MATERIAL SHOWN:
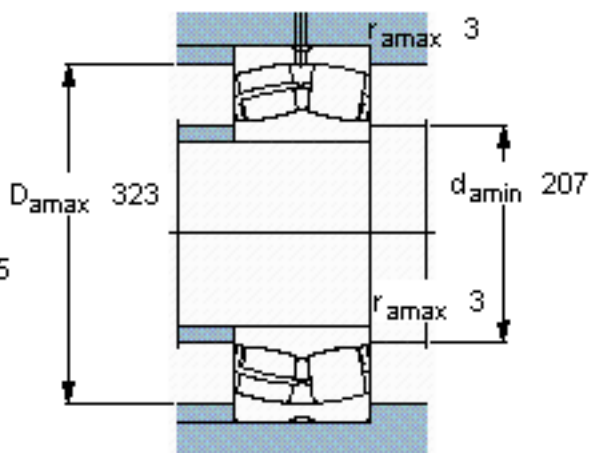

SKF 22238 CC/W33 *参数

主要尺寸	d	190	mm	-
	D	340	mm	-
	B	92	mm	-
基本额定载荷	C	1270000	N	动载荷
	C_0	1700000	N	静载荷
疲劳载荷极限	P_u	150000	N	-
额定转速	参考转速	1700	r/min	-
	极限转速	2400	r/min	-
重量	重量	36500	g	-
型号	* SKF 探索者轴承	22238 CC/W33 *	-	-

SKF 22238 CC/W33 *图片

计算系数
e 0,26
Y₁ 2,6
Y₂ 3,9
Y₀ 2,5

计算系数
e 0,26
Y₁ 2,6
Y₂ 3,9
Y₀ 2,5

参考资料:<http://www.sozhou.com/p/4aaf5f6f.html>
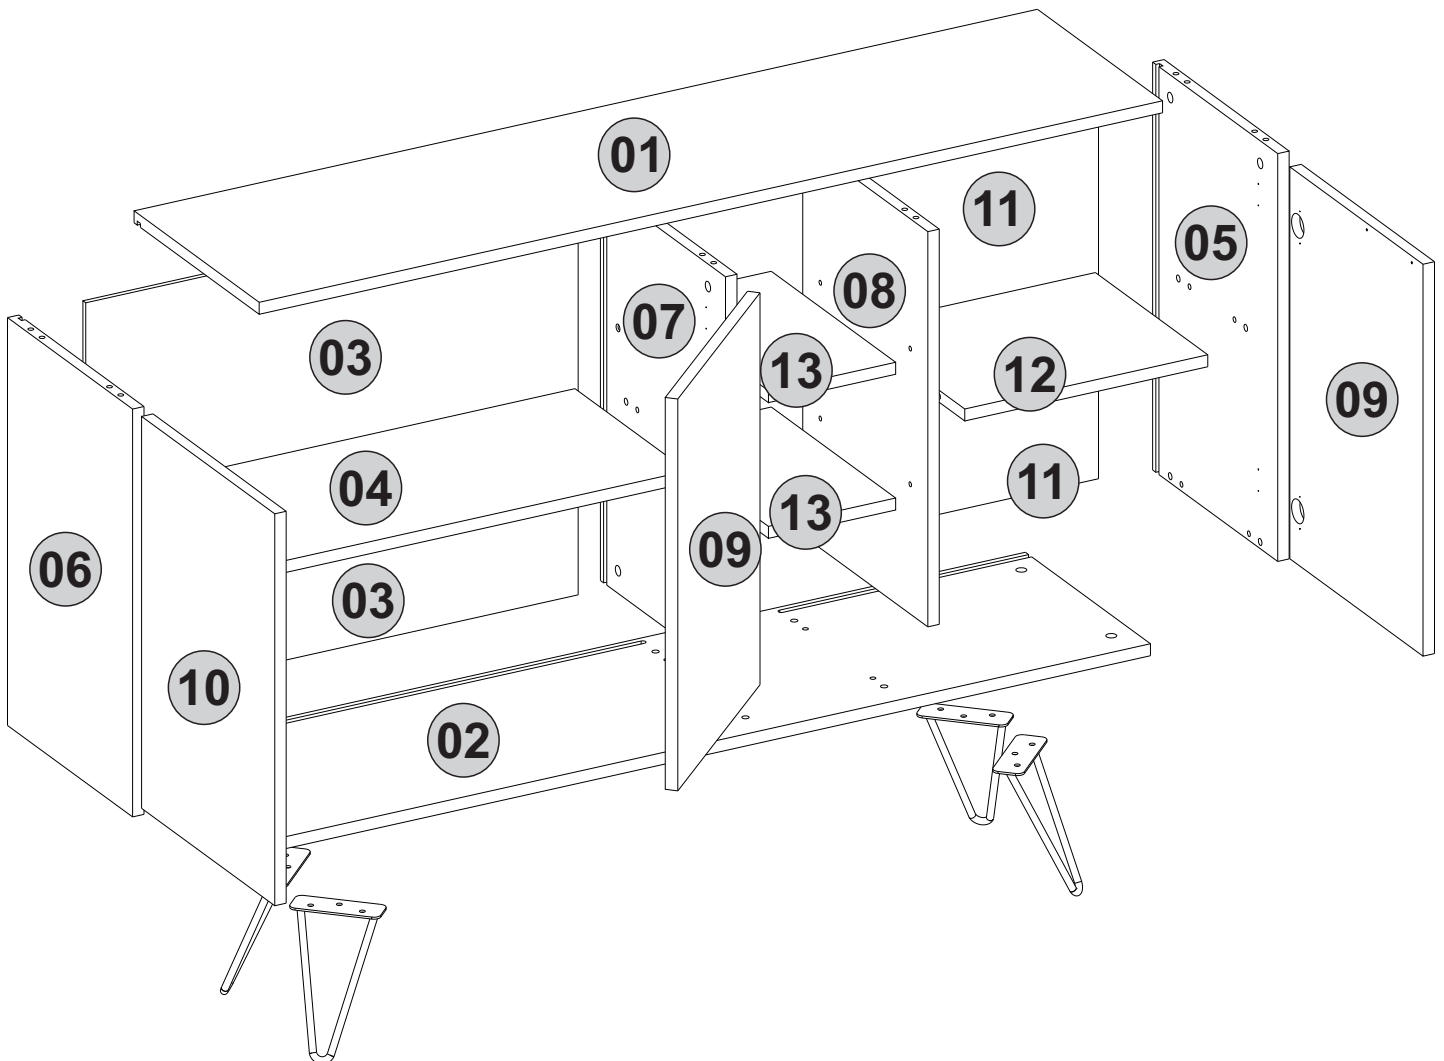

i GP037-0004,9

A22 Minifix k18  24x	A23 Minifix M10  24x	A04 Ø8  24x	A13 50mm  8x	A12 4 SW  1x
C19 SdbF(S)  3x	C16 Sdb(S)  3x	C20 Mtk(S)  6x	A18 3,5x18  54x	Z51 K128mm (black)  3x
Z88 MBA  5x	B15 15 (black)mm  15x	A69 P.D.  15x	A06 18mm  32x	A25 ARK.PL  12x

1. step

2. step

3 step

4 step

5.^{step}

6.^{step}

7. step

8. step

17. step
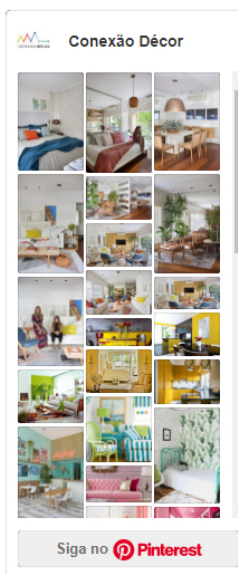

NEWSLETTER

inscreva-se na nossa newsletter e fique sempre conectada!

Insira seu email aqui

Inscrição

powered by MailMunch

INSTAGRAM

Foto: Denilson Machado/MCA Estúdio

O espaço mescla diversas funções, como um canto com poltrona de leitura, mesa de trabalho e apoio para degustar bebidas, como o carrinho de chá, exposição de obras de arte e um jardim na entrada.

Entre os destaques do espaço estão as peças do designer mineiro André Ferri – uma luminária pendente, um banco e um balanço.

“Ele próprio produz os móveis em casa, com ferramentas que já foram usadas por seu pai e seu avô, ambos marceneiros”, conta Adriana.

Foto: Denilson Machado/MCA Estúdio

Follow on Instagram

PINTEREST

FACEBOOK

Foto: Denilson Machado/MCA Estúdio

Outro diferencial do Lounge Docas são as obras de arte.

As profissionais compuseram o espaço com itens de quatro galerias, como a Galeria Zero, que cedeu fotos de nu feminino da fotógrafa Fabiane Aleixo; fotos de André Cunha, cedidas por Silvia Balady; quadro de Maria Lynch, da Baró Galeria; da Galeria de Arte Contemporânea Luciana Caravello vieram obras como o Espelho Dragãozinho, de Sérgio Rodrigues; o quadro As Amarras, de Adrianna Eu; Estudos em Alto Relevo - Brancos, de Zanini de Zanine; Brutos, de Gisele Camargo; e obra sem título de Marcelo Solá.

WORK TASK: The lines to show are those in the data above that include "black".

RESPONSE AREA:
C19 SdbF(S)  3x	C16 Sdb(S)  3x	C20 Mtk(S)  6x	A18 3,5x18  54x	Z51 K128mm (black)  3x
Z88 MBA  5x	B15 15 (black)mm  15x	A69 P.D.  15x	A06 18mm  32x	A25 ARK.PL  12x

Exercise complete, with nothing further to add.